The Aegean region, a key source of Turkish sultanas, has endured exceptional rainfall over the last quarter. Continuous precipitation and river flooding in districts such as Turgutlu have submerged some vineyards, while high humidity is increasing the incidence risk of fungal diseases and thrips infestations. Local authorities have urged growers, especially around Salihli, to intensify monitoring and crop protection measures.

Despite these localized threats, overall weather temperatures remain near seasonal norms, supporting expectations for a broadly good harvest this year. On the demand side, exports are described as slow, with buyers in major import regions remaining cautious and largely covered in the short term.
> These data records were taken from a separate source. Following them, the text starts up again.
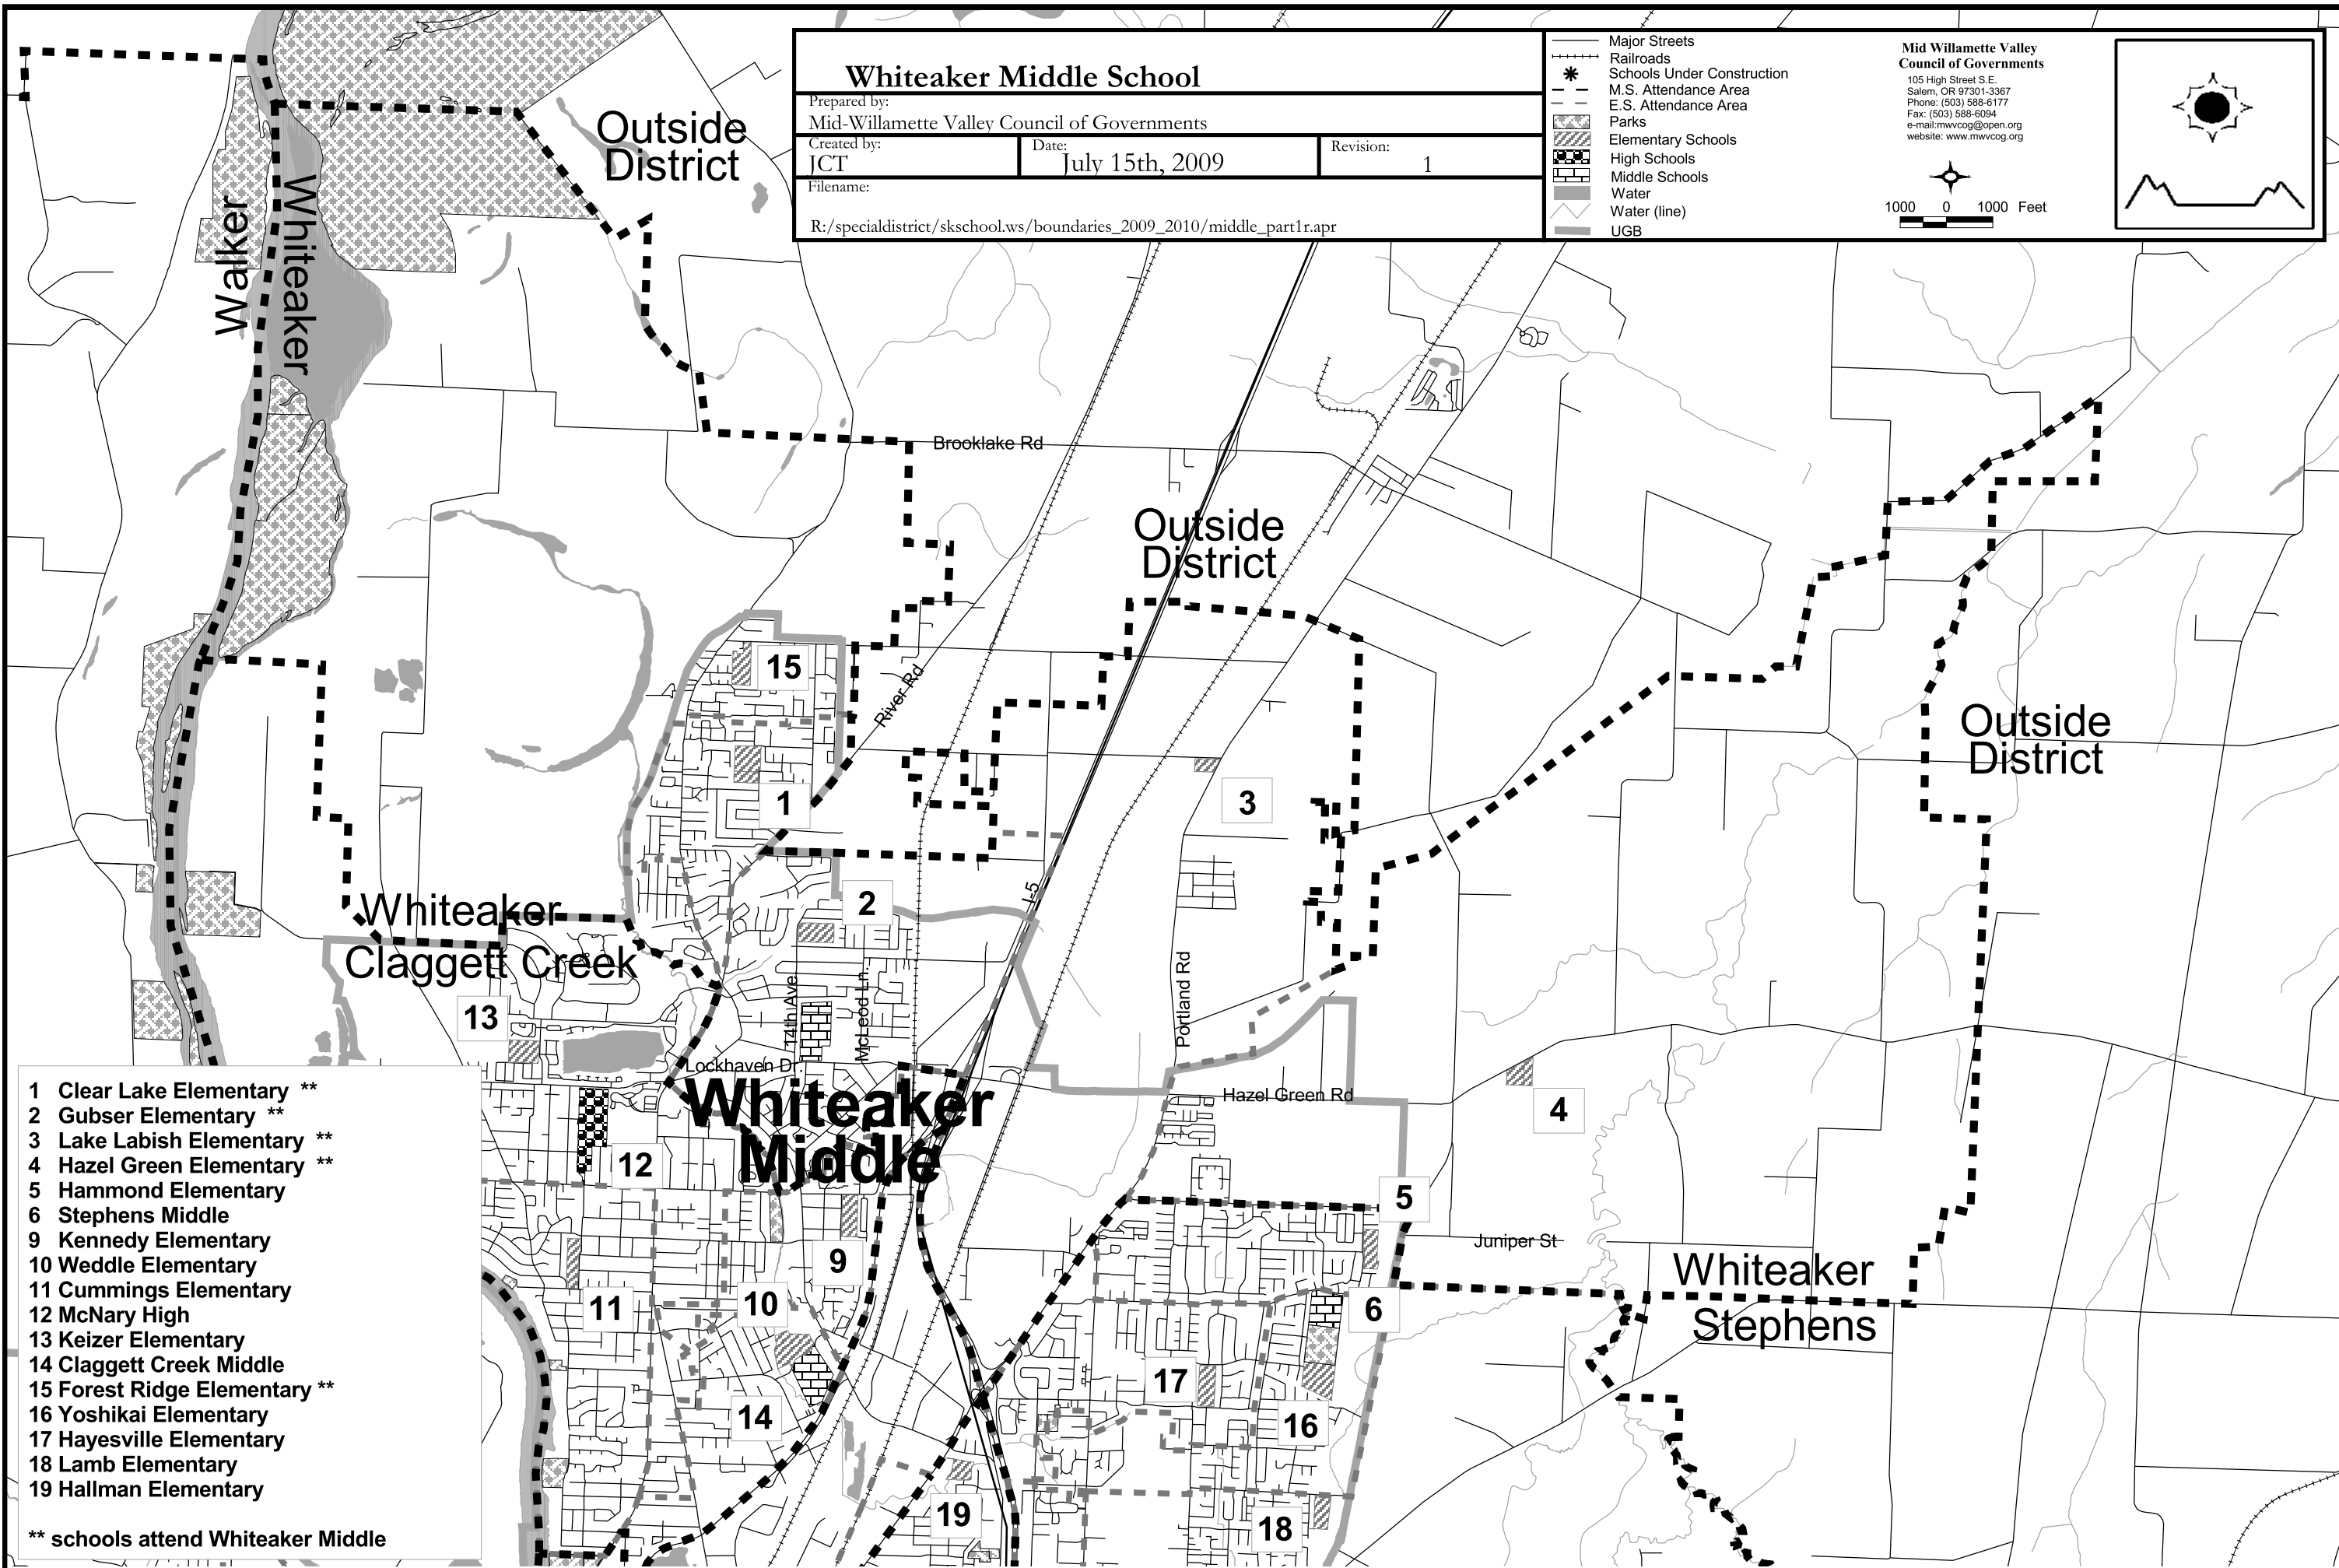

Whiteaker Middle School

Prepared by:
Mid-Willamette Valley Council of Governments

Created by: JCT Date: July 15th, 2009

Revision: 1

Filename:
R:/specialdistrict/skschool.ws/boundaries_2009_2010/middle_part1.r.apr

- Major Streets
- Railroads
- Schools Under Construction
- M.S. Attendance Area
- E.S. Attendance Area
- Parks
- Elementary Schools
- High Schools
- Middle Schools
- Water
- Water (line)
- UGB

Mid Willamette Valley
Council of Governments

- 1 Clear Lake Elementary **
- 2 Gubser Elementary **
- 3 Lake Labish Elementary **
- 4 Hazel Green Elementary **
- 5 Hammond Elementary
- 6 Stephens Middle
- 9 Kennedy Elementary
- 10 Weddle Elementary
- 11 Cummings Elementary
- 12 McNary High
- 13 Keizer Elementary
- 14 Claggett Creek Middle
- 15 Forest Ridge Elementary **
- 16 Yoshikai Elementary
- 17 Hayesville Elementary
- 18 Lamb Elementary
- 19 Hallman Elementary

** schools attend Whiteaker Middle
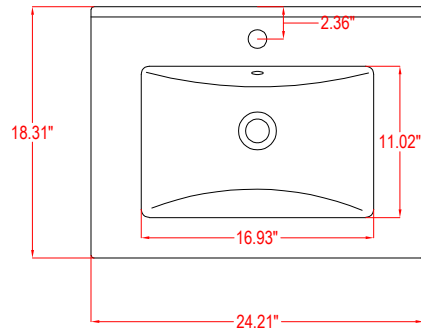

Bathroom Cabinet

Unit

inch

Model

V5020

Cabinet: 20.39"x15.67"x34.49" inch

Handle: 6.77" inch

Bathroom Cabinet

Unit

inch

Model

V5024

Cabinet: 24.2"x18.3"x34.5" inch

Handle: 6.77" inch

Bathroom Cabinet

Unit

inch

Model

V5024

Cabinet: 29.9"x18.3"x34.5" inch

Handle: 6.77" inch

Bathroom Cabinet

Unit

inch

Model

V5036

Cabinet: 35.98"x22"x37.91" inch

Handle: 6.77" inch

Bathroom Cabinet

Unit

inch

Model
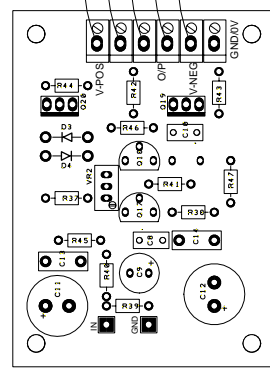

SLAVE OUTPUT STAGE

MASTER OUTPUT STAGE

SHORT INPUT

INPUT

NEG-
POS+

33K

33K
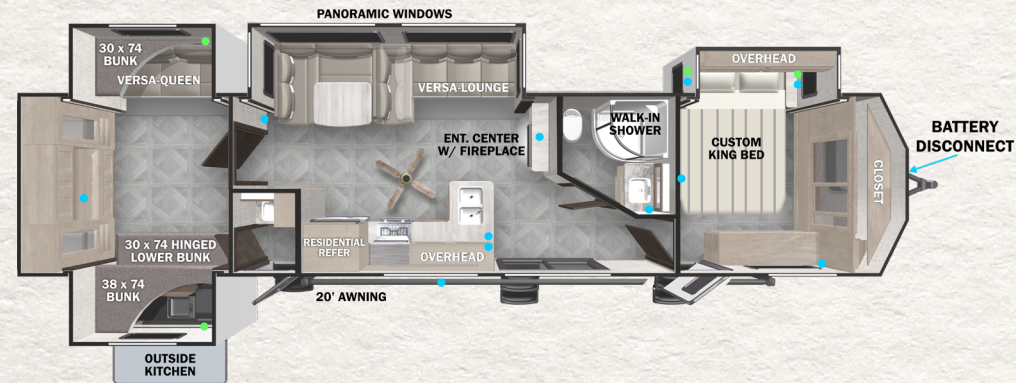

MODEL #: 42VIEW
HITCH: TBD UVW: TBD LENGTH: TBD

MODEL #: 353FLFB

HITCH: 1,335 LBS UYW: 9,234 LBS LENGTH: 37'9"

MODEL #: 40FDEN

HITCH: 1,260 LBS UYW: 10,574 LBS LENGTH: 42'5"

MODEL #: 40RLB

HITCH: 1,445 LBS UYW: 11,604 LBS LENGTH: 43'

MODEL #: 42QBQ

HITCH: 1,365 LBS UYW: 12,029 LBS LENGTH: 42'4"

For detailed specifications, pictures & 360 Tours, visit www.forestriverinc.com/Wildwood OR Scan the QR code!

MEET YOUR LODGE/GRAND LODGE DEALER
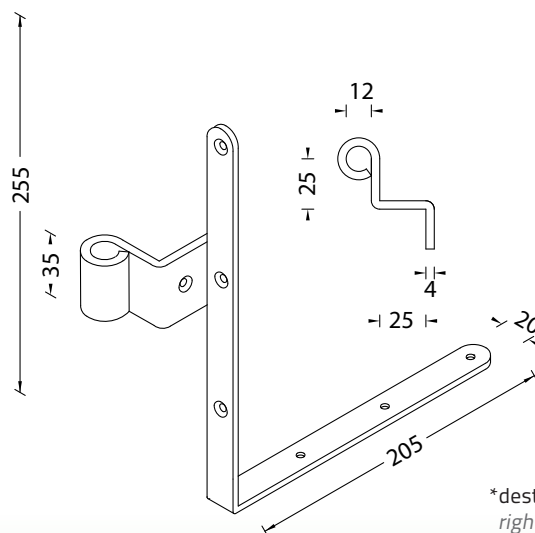

Art. 530

NEW

COVER "RIVESTIMENTO ESTETICO PROTETTIVO" PER CARDINE
ART. 0520NE120/160 E ART. 0524NE120/160
"PROTECTING AESTHETIC COATING" COVER FOR HINGES
ART.0520NE120/160 AND ART.0524NE120/160

Finitura/Coating
Bianco/White

Codice/Code
0530BI000

Art. 600/27

*destro come figura
right as picture

SQUADRO IN COSTA PER PERSIANE IN ALLUMINIO
EMBEDDED L-HINGE FOR ALUMINIUM SHUTTERS

Finitura/Coating
Nero/Black

Codice/Code
0600NE/27

Art. 602/27

MEZZO SQUADRO IN COSTA PER PERSIANE IN ALLUMINIO
EMBEDDED T-HINGE FOR ALUMINIUM SHUTTERS

Finitura/Coating
Nero/Black

Codice/Code
0602NE/27

This sluggish offtake offsets the weather‑driven production risks, keeping the global supply–demand balance comfortable for now and limiting upward price pressure.

📊 Fundamentals & Weather Outlook

Fundamentals currently hinge on three factors: the extent of permanent damage from recent flooding, the effectiveness of disease and pest control, and the pace of export demand recovery. Assessments in the Gediz River basin are still ongoing, and only once water fully recedes will producers and traders be able to quantify yield impacts. So far, there is no broad revision to crop expectations, but uncertainty is higher for low‑lying and poorly drained plots.

The short‑term weather forecast for Manisa shows a gradual shift from intermittent rain to drier, sunnier conditions over the next week, with daytime highs around 16–21°C. This pattern should help vineyards to dry and limit further disease spread, provided growers maintain timely fungicide and insecticide programmes. If these more favorable conditions are confirmed through April, the current narrative of a potentially good harvest with localized quality issues is likely to persist, anchoring prices in their present range.

📆 Trading Outlook

  • For buyers: Use current price stability to extend coverage modestly into Q3, especially for Turkish and Chinese sultanas, while keeping some flexibility in case weather issues escalate and tighten supply.
  • For sellers/originators: Consider locking in forward sales near current EUR levels in high‑risk vineyard zones exposed to flooding, but avoid over‑committing volumes until damage assessments are clearer.
  • For industrial users: Evaluate partial origin diversification toward India and China to mitigate any potential Aegean‑related quality or availability disruptions later in the season.

📉 3‑Day Price Indication

  • Turkey (Malatya, FOB): Prices for type 8–10 sultanas expected to remain broadly sideways in the next 3 days, with only limited scope for firmer levels as export demand is still slow.
  • Northwest Europe (Dordrecht/Hamburg, FCA): Stable EUR price indications for Chinese and Chilean raisins; no immediate weather‑driven premium expected.
  • India (New Delhi, FOB): Brown, black and golden raisins likely to trade flat in the very short term, continuing to offer a small discount to Turkish equivalents.